Euro zone yields at multi-week highs as traders price in three ECB hikes in 2026
June 8 (Reuters) - Euro zone government bond yields climbed to multi-week highs on Monday as traders came close to fully pricing in three European Central Bank rate hikes by year-end amid fading hopes for a swift reopening of the Strait of Hormuz.
U.S. President Donald Trump said on Sunday that new strikes by Israel and Iran would not affect his administration's peace talks with Tehran.
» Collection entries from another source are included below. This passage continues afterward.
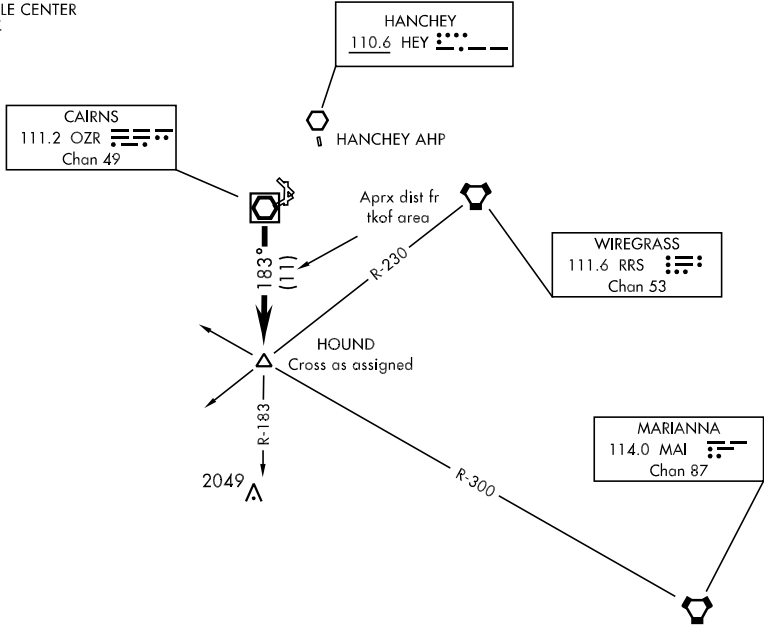

HOUND-TWO DEPARTURE (HOUND2•HOUND)

ATIS 111.2 316.15
CLNC DEL
118.075 380.1
GND CON
121.9 288.25
CAIRNS TOWER ★
135.2 (CTAF) 248.55
DEP CON
133.75 270.35
JACKSONVILLE CENTER
120.2 346.4

SL-577 [USA]

SE-4, 09 SEP 2021 to 07 OCT 2021

SE-4, 09 SEP 2021 to 07 OCT 2021

DEPARTURE ROUTE DESCRIPTION

TAKE-OFF RWY 6, 18 or 36: Climbing right turn heading 205°
 TAKE-OFF RWY 24: Climbing left turn heading 120°
 TAKE-OFF PAD C OR G: Climb heading 178° to 1000, then right turn heading 205°
 Maintain 2000, expect clearance to requested altitude/flight level ten (10) minutes after departure.
 intercept OZR VOR/DME R-183 to HOUND INT.

HOUND-TWO DEPARTURE (HOUND2•HOUND)
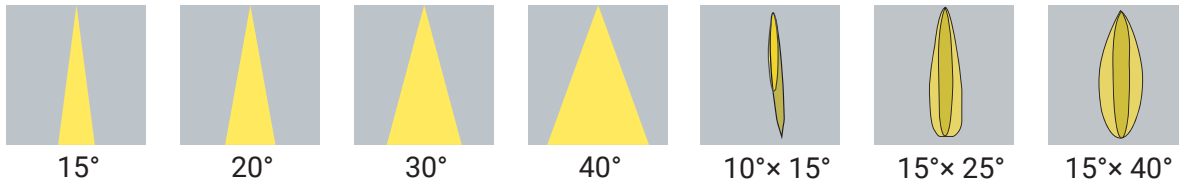

AW01 Mono Color Flexible LED Wall Grazer

Optional LENS Distribution
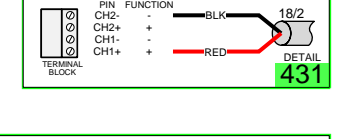

TITLE
AV CONFERENCE ROOM

DESCRIPTION
RACK & ROOM SCHEMATICS

PROJECT MANAGER

DRAWN BY

DATE
10/4/2022

REVISED
10/4/2022

NEXT WIRE NO.
0

SCALE
NONE

PROJECT NUMBER

PAGE
4 OF 46
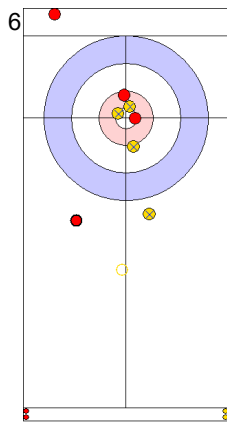

Legend:
 Clockwise Counter-clockwise - Not considered

Game - Shot by Shot

End 5 ● **DEN - Denmark** **3 + 3 (this end) = 6** ⊗ **AUS - Australia** **4 + 0 (this end) = 4**

Prepositioned Stones

AUS: GILL T
Draw ⤴ 100%

DEN: LANDER J
Draw ⤴ 100%

AUS: HEWITT D
Draw ⤴ 100%

DEN: HOLTERMANN H
Clearing ⤴ 0%

AUS: HEWITT D
Draw ⤴ 75%

DEN: HOLTERMANN H
Draw ⤴ 0%

AUS: HEWITT D
Promotion Take-out ⤴ 50%

DEN: HOLTERMANN H
Take-out ⤴ 100%

AUS: GILL T
Hit and Roll ⤴ 75%

DEN: LANDER J
Take-out ⤴ 100%

	DEN	AUS
Total Score	6	4
Time left	10:01	07:51

Legend:
 Clockwise
 Counter-clockwise
 - Not considered

Game - Shot by Shot

End 6 **DEN - Denmark** 6 + 0 (this end) = 6 **AUS - Australia** 4 + 2 (this end) = 6

	DEN	AUS
Total Score	6	6
Time left	07:25	05:06

Legend:
 ↻ Clockwise ↺ Counter-clockwise - Not considered

Game - Shot by Shot

End 7 **DEN - Denmark 6 + 0 (this end) = 6** **AUS - Australia 6 + 1 (this end) = 7**
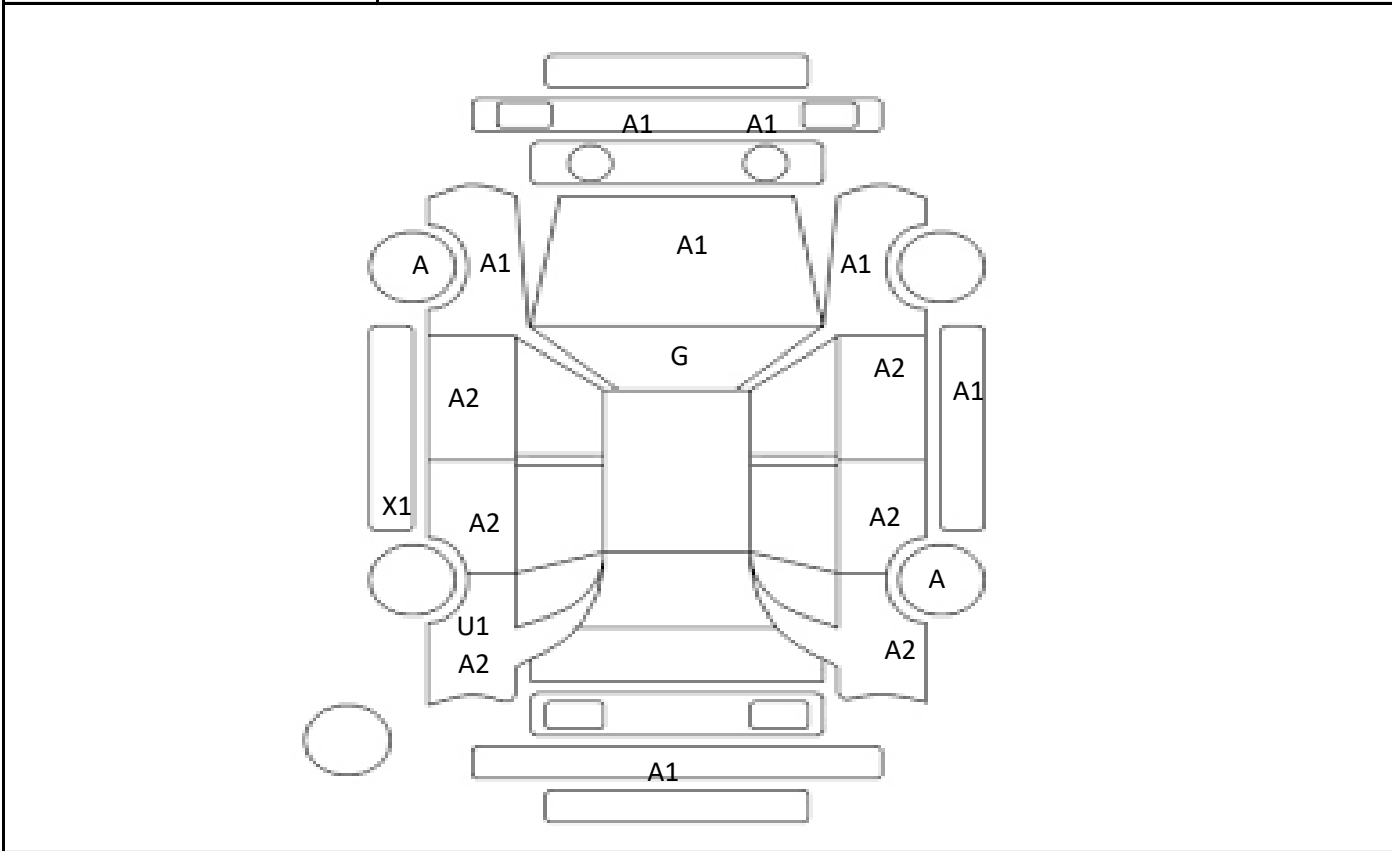

DATE
2024/9/20

Car Number	Chassis Number
F22-H34	ZVW41-3051054

(Remark)

A(Scratch) U(Dent) S(Rust) W(Uneven paint) X(Crack) C(Corrode) P(Paint Faded)
 XX(Replacement) X(Replacement requires) G(Stone chip in the glass) Scale: 1 < 2 < 3 < 4

A reopening of the Strait of Hormuz would ease energy supply constraints, lowering inflation pressures while reducing expectations of monetary tightening and pulling bond yields lower.
Germany's two-year yields <DE2YT=RR>, more sensitive to expectations for policy rates, rose 3 basis points to 2.72%, their highest since May 20. They reached 2.771% in late March, the highest since July 2024.
Investors are also bracing for the European Central Bank policy meeting later this week, where a 25-basis-point rate increase is widely anticipated.
Money markets are pricing the ECB deposit rate at 2.73% by December EURESTECBM5X6=ICAP, from the current 2%. They also indicate a more than 90% chance of a first rate rise this month, followed by a second in September.
Germany's 10-year government bond yield <DE10YT=RR>, the euro zone benchmark, was up 2.5 bps at 3.06%, its highest since May 22. It reached 3.20% on May 19, its highest since June 2011.
Italy's 10-year yields <IT10YT=RR> rose 4.5 bps to 3.85%, with the premium over German bunds <DE10IT10=RR> at 76 bps.